**AIM OF THE TASK:**
Pull every line holding the word "Infraheat" out of the data and copy it.

--

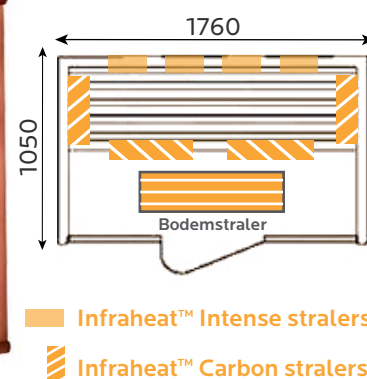

Aantal pers. 4
 Afmeting 176x105x190 cm
 Vermogen 2600 Watt
 Stralers 4 Infraheat™ Intense
 4 Infraheat™ Carbon
 Optioneel Infraheat™ Full Spectrum

Houtsoort

White Cedar:

€ 2395,- incl. bezorging & BTW

Canadees Red Cedar:

--

**RESPONSE TO THIS TASK:**
 Stralers 4 Infraheat™ Intense
 4 Infraheat™ Carbon
 Optioneel Infraheat™ Full Spectrum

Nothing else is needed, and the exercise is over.